▶ [What is required]: Reproduce the lines of the material exactly, excluding every image.

▶ [Record set]:

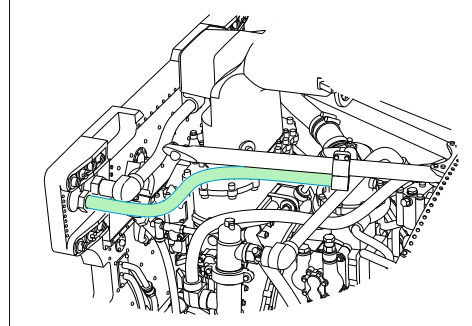

H18
C28
STEEL

wire
Ø - 0,3mm
l - 21mm

H8
C8
SILVER

12

13

14

15

16
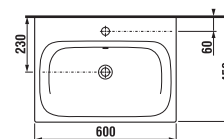

UMYVADLA / SÉRIE MIO-N /

NOVINKA

UMYVADLO MIO-N 55 CM

JIKA•perla

Číslo výrobku	Popis výrobku	yyy: 104	Cena bílá
H812712xxx1041	umyvadlo 55 cm	x	2 027 Kč

Objednat zvlášť:	Cena
H8903490000001 instalační sada pro umyvadla	60 Kč
H8942460000001 místošetřící sifon, rozteč rohových ventilů 200 mm, DN 40	542 Kč
H3747300040001 umyvadlový sifon 5/4" – 32 mm, chrom, mosaz	1 376 Kč
H3724200040101 rohový ventil 3/8" – 1/2", chrom, 2 ks	875 Kč

NOVINKA

SKŘÍŇKA POD UMYVADLO MIO-N 55 CM

bílá/čelo lesklý lak

jasan

Číslo výrobku	Popis výrobku	Barva
H40J7134015001	skříňka pod umyvadlo 55×45 cm H812712, 2 zásuvky	bílá/čelo lesklý lak
H40J7134013421	skříňka pod umyvadlo 55×45 cm H812712, 2 zásuvky	jasan

Objednat zvlášť:	Cena
H4944010390001 nohy k závěsným umyvadlovým skříňkám, chrom, (1 pár)	270 Kč

Podumyvadlové skříňky kombinujte s místošetřícím sifonem Jika H8942460000001. POZOR, rozteč rohových ventilů v tomto případě musí být 200 mm.

NOVINKA

UMYVADLO MIO-N 60 CM

JIKA•perla

Číslo výrobku	Popis výrobku	yyy: 104	Cena bílá
H812713xxx1041	umyvadlo 60 cm	x	2 108 Kč

Objednat zvlášť:	Cena
H8903490000001 instalační sada pro umyvadla	60 Kč
H8942460000001 místošetřící sifon, rozteč rohových ventilů 200 mm, DN 40	542 Kč
H3747300040001 umyvadlový sifon 5/4" – 32 mm, chrom, mosaz	1 376 Kč
H3724200040101 rohový ventil 3/8" – 1/2", chrom, 2 ks	875 Kč

NOVINKA

SKŘÍŇKA POD UMYVADLO MIO-N 60 CM

bílá/čelo lesklý lak

jasan

Číslo výrobku	Popis výrobku	Barva
H40J7144015001	skříňka pod umyvadlo 60×45 cm H812713, 2 zásuvky	bílá/čelo lesklý lak
H40J7144013421	skříňka pod umyvadlo 60×45 cm H812713, 2 zásuvky	jasan

Objednat zvlášť:	Cena
H4944010390001 nohy k závěsným umyvadlovým skříňkám, chrom, (1 pár)	270 Kč
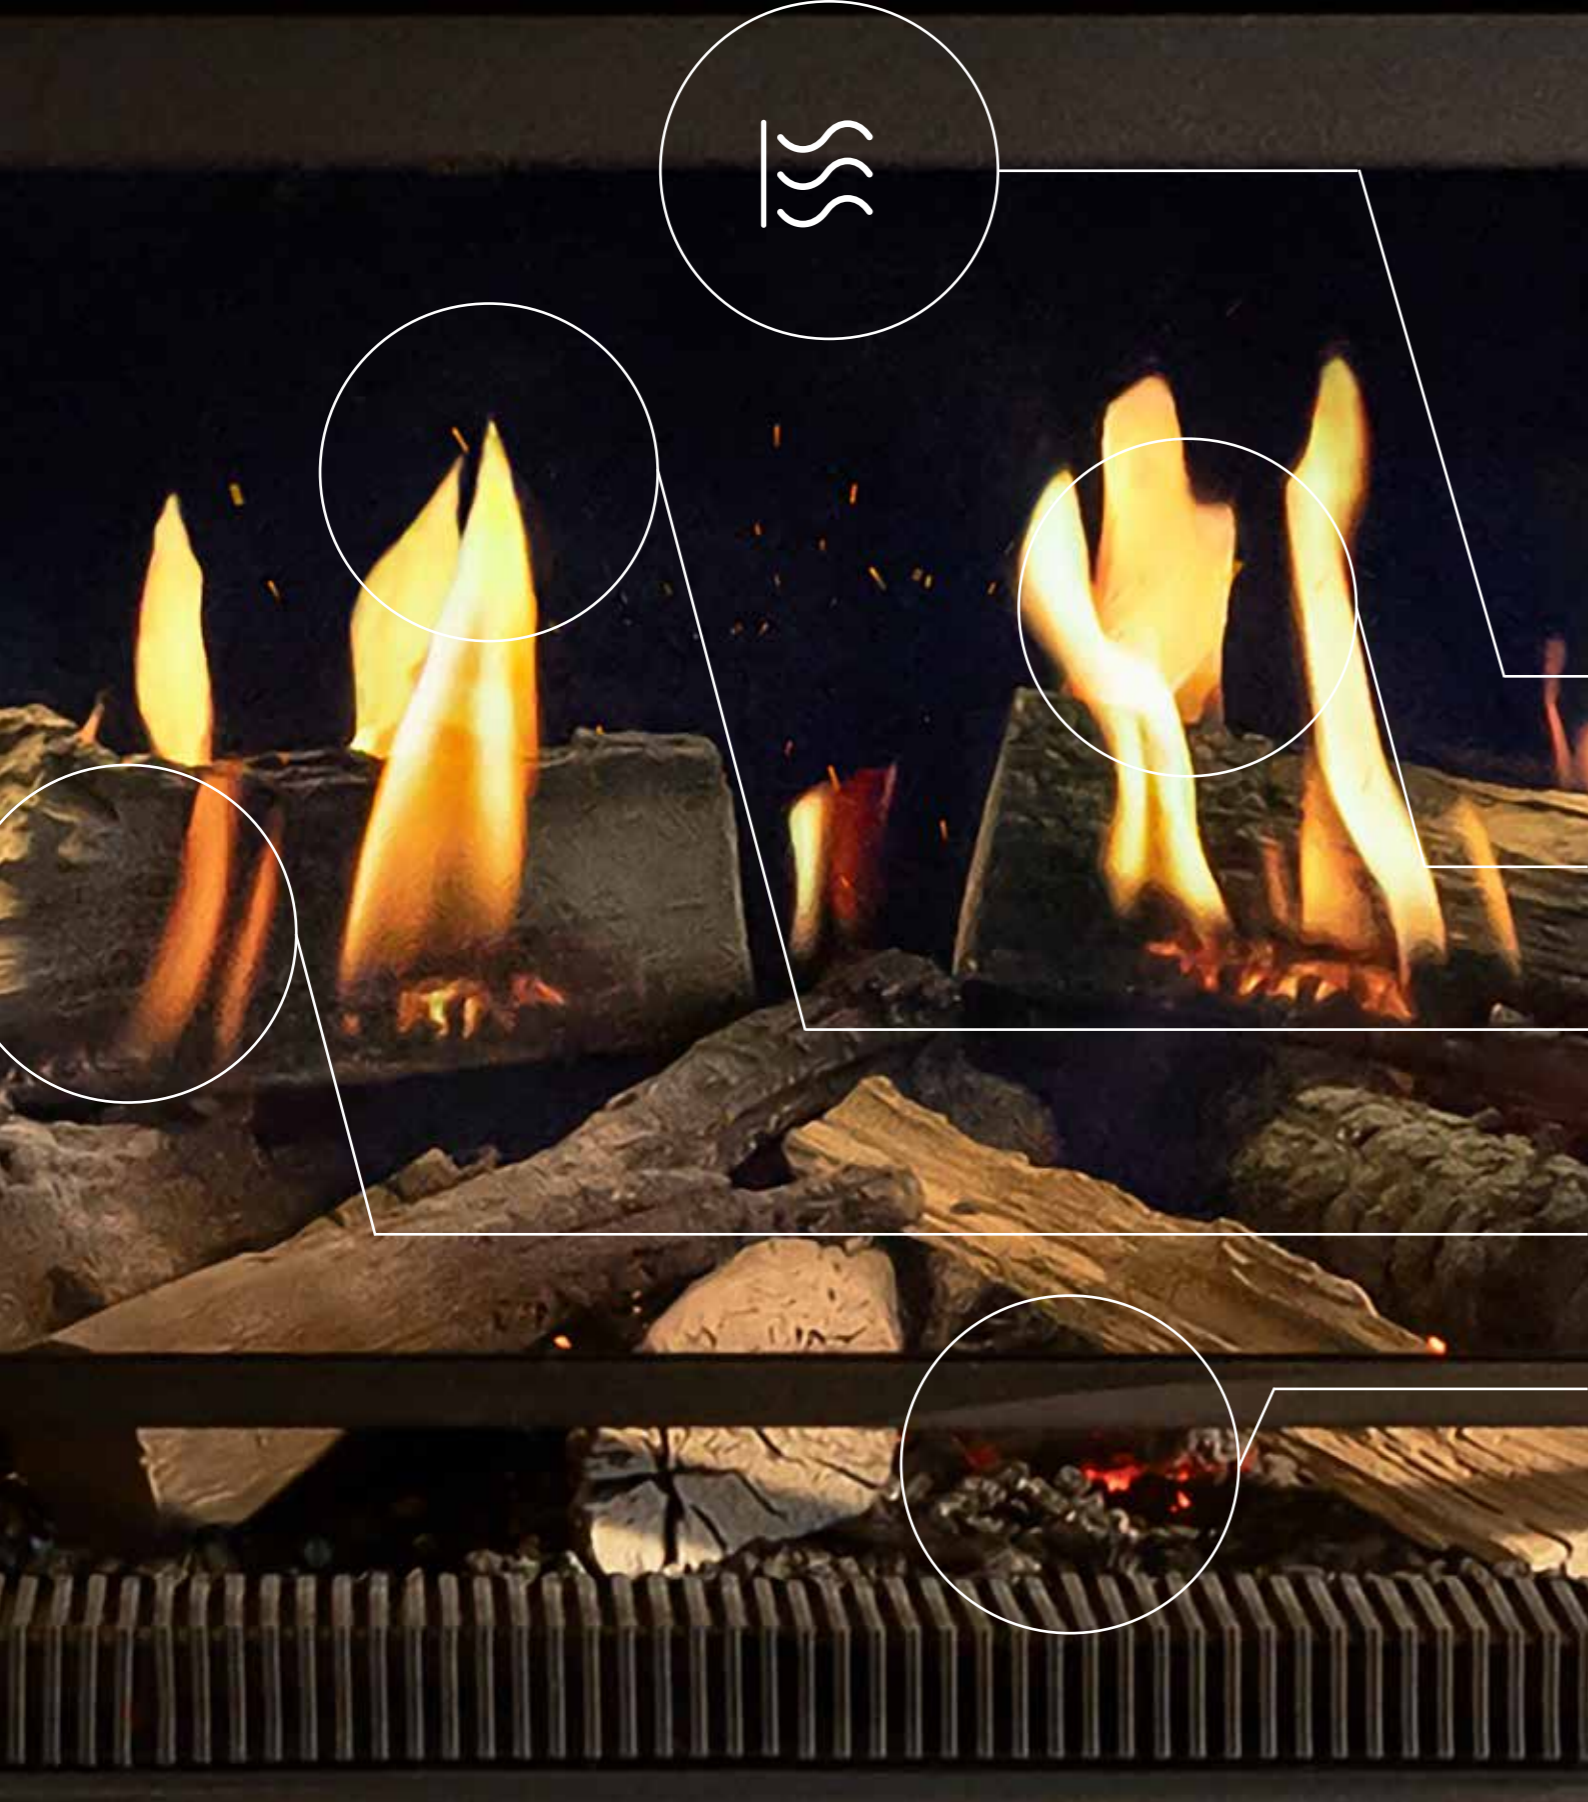

Kalfire E-one 100F met Dual HD Flame technology en design bodemplaat.

Ultra realistisch vuur

Atmos Heating

Het speciaal ontwikkelde Atmos Heating element zorgt voor een prettige atmosferische warmte die bijdraagt aan een optimale vuurbeleving. Optioneel verkrijgbaar bij de Kalfire E-one 100F.

Flame Tones

Stel u eigen vlambeeld samen. Kies uit drie verschillende vlamkleuren en pas de intensiteit van de vlammen naar wens aan.

Adjustable Flame Height

De vlamhoogte is instelbaar van stand 1 tot en met 5. Stand 6 is de shuffle stand. In de shuffle stand worden, met één druk op de knop, dynamische vlammen gecreëerd.

Atmos Lighting

Atmos Lighting projecteert schaduw effecten op de stammen. Het versterkt de echte vuurbeleving. De intensiteit is instelbaar van stand 1 tot en met 5. Stand 6 is de shuffle stand, waardoor een dynamisch flakker-effect ontstaat.

Hybride LED E

De intensiteit van het gloedbed is in 5 standen regelbaar. In stand 6, de shuffle stand, wisselt het gloedbed continu van intensiteit.

Kalfire Sound

Kies voor het geluid van vol knisperend larkshout (Pinewood sound) of rustiger beukenhout (Beechwood sound). Het volume is instelbaar van stand 1 tot en met 5.

Anti-Reflect Function

In stand-by kan het interieur van de haard sfeervol worden uitgelicht. Zo is er mooi zicht op de stammen; ook als de haard niet brandt.
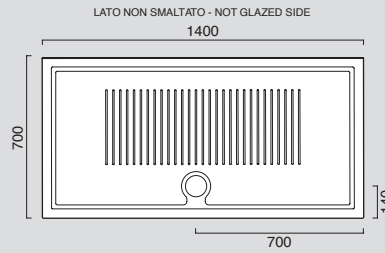

## 140x70

**70 4147 0001**

Bianco lucido  
Glossy white

Installazione · Installation

Appoggio · Above Floor-level

Filo pavimento · Floor-level
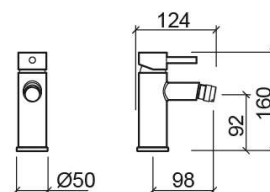

Robinet temporisé de lavabo Ícone encastré - Chrome

Réf. 550234111

Código EAN. 5604815611601

Informations Techniques

Longueur: 165 mm

Largeur: 210 mm

Hauteur: 105 mm

Poids: 2.05 kg

Collection: Ícone

Type de produit: Robinetterie

Style: Contemporain

Matériel: Laiton

Type d'installation: Encastrer

Caractéristiques

- Débit d'eau réglable à 3 Bars - 4-13L/min
- Kit de fixation inclus
- Temps d'ouverture - 10s
- Robinet temporisé
- Bonde non incluse
- Boîte de montage incluse
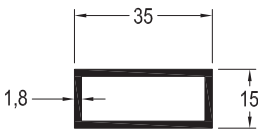

FOTOSELLİ KAPI PROFİLLERİ

FS-4138 / 0,585 kg/mt
KANAT PROFİLİ

FS-4139 / 1,198 kg/mt
ÜST ETEK PROFİLİ

FS-4140 / 1,130 kg/mt
ALT ETEK PROFİLİ

FS-4141 / 0,694 kg/mt
ORTA KAYIT PROFİLİ

FS-4135 / 0,276 kg/mt
YAN KAPAK PROFİLİ

FS-4137 / 0,153 kg/mt
ÜST KAPAK PROFİLİ

FS-4136 / 0,203 kg/mt
CAM ÇİTA PROFİLİ

FS-4142 / 0,453 kg/mt
KUTU PROFİLİ

FS-4143 / 2,069 kg/mt
MEKANİZMA KUTU PROFİLİ

FS-4120 / 1,360 kg/mt
MEKANİZMA KAPAK PROFİLİ
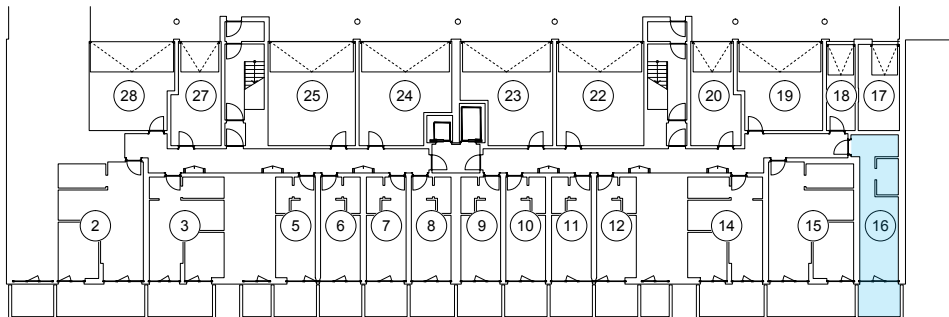

iekštelpa - 31.7 m²
ārtelpa - 6.3 m²

0.
stāvs

Klijānu 10, Rīga

info@kl2.lv

+ 371 29 159 999

iekštelpa - 31.7 m²
ārtelpa - 6.3 m²

0.
stāvs

Klijānu 10, Rīga

▶ [Answer for this exercise]:
H18
C28
STEEL

wire
Ø - 0,3mm
l - 21mm

H8
C8
SILVER

12

13

14

15

16

UMYVADLA / SÉRIE MIO-N /

NOVINKA

UMYVADLO MIO-N 55 CM

JIKA•perla

Číslo výrobku	Popis výrobku	yyy: 104	Cena bílá
H812712xxx1041	umyvadlo 55 cm	x	2 027 Kč

Objednat zvlášť:	Cena
H8903490000001 instalační sada pro umyvadla	60 Kč
H8942460000001 místošetřící sifon, rozteč rohových ventilů 200 mm, DN 40	542 Kč
H3747300040001 umyvadlový sifon 5/4" – 32 mm, chrom, mosaz	1 376 Kč
H3724200040101 rohový ventil 3/8" – 1/2", chrom, 2 ks	875 Kč

NOVINKA

SKŘÍŇKA POD UMYVADLO MIO-N 55 CM

bílá/čelo lesklý lak

jasan

Číslo výrobku	Popis výrobku	Barva
H40J7134015001	skříňka pod umyvadlo 55×45 cm H812712, 2 zásuvky	bílá/čelo lesklý lak
H40J7134013421	skříňka pod umyvadlo 55×45 cm H812712, 2 zásuvky	jasan

Objednat zvlášť:	Cena
H4944010390001 nohy k závěsným umyvadlovým skříňkám, chrom, (1 pár)	270 Kč

Podumyvadlové skříňky kombinujte s místošetřícím sifonem Jika H8942460000001. POZOR, rozteč rohových ventilů v tomto případě musí být 200 mm.

NOVINKA

UMYVADLO MIO-N 60 CM

JIKA•perla

Číslo výrobku	Popis výrobku	yyy: 104	Cena bílá
H812713xxx1041	umyvadlo 60 cm	x	2 108 Kč

Objednat zvlášť:	Cena
H8903490000001 instalační sada pro umyvadla	60 Kč
H8942460000001 místošetřící sifon, rozteč rohových ventilů 200 mm, DN 40	542 Kč
H3747300040001 umyvadlový sifon 5/4" – 32 mm, chrom, mosaz	1 376 Kč
H3724200040101 rohový ventil 3/8" – 1/2", chrom, 2 ks	875 Kč

NOVINKA

SKŘÍŇKA POD UMYVADLO MIO-N 60 CM

bílá/čelo lesklý lak

jasan

Číslo výrobku	Popis výrobku	Barva
H40J7144015001	skříňka pod umyvadlo 60×45 cm H812713, 2 zásuvky	bílá/čelo lesklý lak
H40J7144013421	skříňka pod umyvadlo 60×45 cm H812713, 2 zásuvky	jasan

Objednat zvlášť:	Cena
H4944010390001 nohy k závěsným umyvadlovým skříňkám, chrom, (1 pár)	270 Kč

Kalfire E-one 100F met Dual HD Flame technology en design bodemplaat.

Ultra realistisch vuur

Atmos Heating

Het speciaal ontwikkelde Atmos Heating element zorgt voor een prettige atmosferische warmte die bijdraagt aan een optimale vuurbeleving. Optioneel verkrijgbaar bij de Kalfire E-one 100F.

Flame Tones

Stel u eigen vlambeeld samen. Kies uit drie verschillende vlamkleuren en pas de intensiteit van de vlammen naar wens aan.

Adjustable Flame Height

De vlamhoogte is instelbaar van stand 1 tot en met 5. Stand 6 is de shuffle stand. In de shuffle stand worden, met één druk op de knop, dynamische vlammen gecreëerd.

Atmos Lighting

Atmos Lighting projecteert schaduw effecten op de stammen. Het versterkt de echte vuurbeleving. De intensiteit is instelbaar van stand 1 tot en met 5. Stand 6 is de shuffle stand, waardoor een dynamisch flakker-effect ontstaat.

Hybride LED E

De intensiteit van het gloedbed is in 5 standen regelbaar. In stand 6, de shuffle stand, wisselt het gloedbed continu van intensiteit.

Kalfire Sound

Kies voor het geluid van vol knisperend larkshout (Pinewood sound) of rustiger beukenhout (Beechwood sound). Het volume is instelbaar van stand 1 tot en met 5.

Anti-Reflect Function

In stand-by kan het interieur van de haard sfeervol worden uitgelicht. Zo is er mooi zicht op de stammen; ook als de haard niet brandt.

## 140x70

**70 4147 0001**

Bianco lucido  
Glossy white

Installazione · Installation

Appoggio · Above Floor-level

Filo pavimento · Floor-level

Robinet temporisé de lavabo Ícone encastré - Chrome

Réf. 550234111

Código EAN. 5604815611601

Informations Techniques

Longueur: 165 mm

Largeur: 210 mm

Hauteur: 105 mm

Poids: 2.05 kg

Collection: Ícone

Type de produit: Robinetterie

Style: Contemporain

Matériel: Laiton

Type d'installation: Encastrer

Caractéristiques

- Débit d'eau réglable à 3 Bars - 4-13L/min
- Kit de fixation inclus
- Temps d'ouverture - 10s
- Robinet temporisé
- Bonde non incluse
- Boîte de montage incluse

FOTOSELLİ KAPI PROFİLLERİ

FS-4138 / 0,585 kg/mt
KANAT PROFİLİ

FS-4139 / 1,198 kg/mt
ÜST ETEK PROFİLİ

FS-4140 / 1,130 kg/mt
ALT ETEK PROFİLİ

FS-4141 / 0,694 kg/mt
ORTA KAYIT PROFİLİ

FS-4135 / 0,276 kg/mt
YAN KAPAK PROFİLİ

FS-4137 / 0,153 kg/mt
ÜST KAPAK PROFİLİ

FS-4136 / 0,203 kg/mt
CAM ÇİTA PROFİLİ

FS-4142 / 0,453 kg/mt
KUTU PROFİLİ

FS-4143 / 2,069 kg/mt
MEKANİZMA KUTU PROFİLİ

FS-4120 / 1,360 kg/mt
MEKANİZMA KAPAK PROFİLİ

iekštelpa - 31.7 m²
ārtelpa - 6.3 m²

0.
stāvs

Klijānu 10, Rīga

info@kl2.lv

+ 371 29 159 999

iekštelpa - 31.7 m²
ārtelpa - 6.3 m²

0.
stāvs

Klijānu 10, Rīga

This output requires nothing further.